Tally the lines of the data below that contain the string "water". Give the tally and nothing else.

Records from a dataset
=-=-=
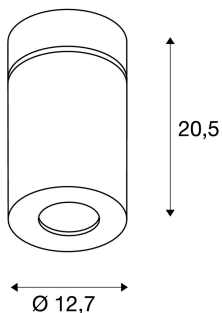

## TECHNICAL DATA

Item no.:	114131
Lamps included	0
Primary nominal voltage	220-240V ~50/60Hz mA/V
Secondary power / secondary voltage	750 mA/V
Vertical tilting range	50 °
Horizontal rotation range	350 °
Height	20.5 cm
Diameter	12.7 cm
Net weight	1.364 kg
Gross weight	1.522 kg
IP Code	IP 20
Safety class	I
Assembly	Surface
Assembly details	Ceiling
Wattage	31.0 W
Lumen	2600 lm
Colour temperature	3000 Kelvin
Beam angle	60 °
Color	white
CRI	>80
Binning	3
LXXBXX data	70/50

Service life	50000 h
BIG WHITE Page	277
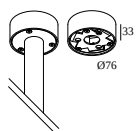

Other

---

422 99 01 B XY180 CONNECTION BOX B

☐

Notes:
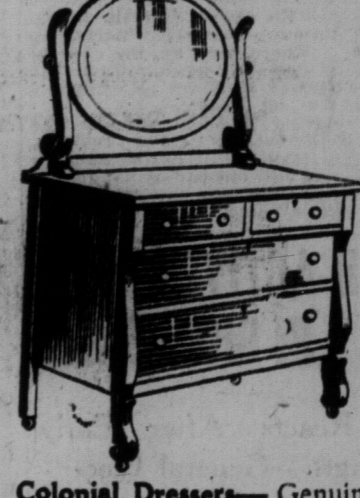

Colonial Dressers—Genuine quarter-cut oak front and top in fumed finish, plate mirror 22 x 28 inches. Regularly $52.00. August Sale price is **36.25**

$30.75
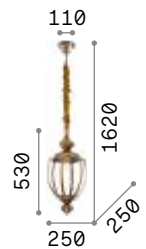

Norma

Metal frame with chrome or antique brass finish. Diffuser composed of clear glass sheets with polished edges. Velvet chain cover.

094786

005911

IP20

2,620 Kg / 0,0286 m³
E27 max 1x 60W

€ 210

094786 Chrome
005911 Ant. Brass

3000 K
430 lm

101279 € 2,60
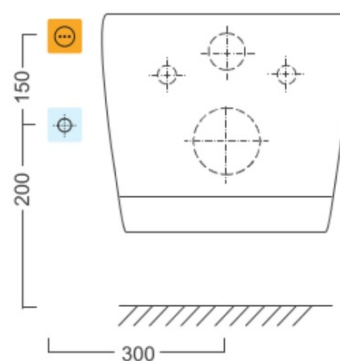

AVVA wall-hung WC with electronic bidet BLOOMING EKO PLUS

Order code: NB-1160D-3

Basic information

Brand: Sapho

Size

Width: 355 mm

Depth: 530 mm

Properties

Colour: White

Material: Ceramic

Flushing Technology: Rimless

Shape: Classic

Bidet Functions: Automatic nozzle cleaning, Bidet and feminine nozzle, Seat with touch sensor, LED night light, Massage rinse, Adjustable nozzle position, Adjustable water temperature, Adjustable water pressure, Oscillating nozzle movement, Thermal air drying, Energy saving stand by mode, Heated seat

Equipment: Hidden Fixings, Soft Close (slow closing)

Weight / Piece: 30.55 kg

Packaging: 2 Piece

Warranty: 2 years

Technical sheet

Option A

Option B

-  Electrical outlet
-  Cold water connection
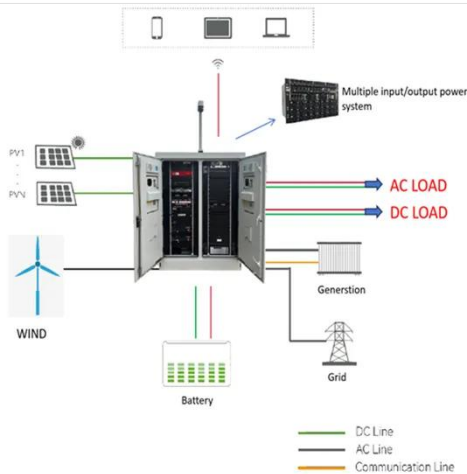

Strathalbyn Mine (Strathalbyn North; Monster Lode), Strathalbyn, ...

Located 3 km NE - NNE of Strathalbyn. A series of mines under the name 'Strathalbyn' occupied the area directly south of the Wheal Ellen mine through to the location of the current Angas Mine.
=-=-=
**Written answer:** 2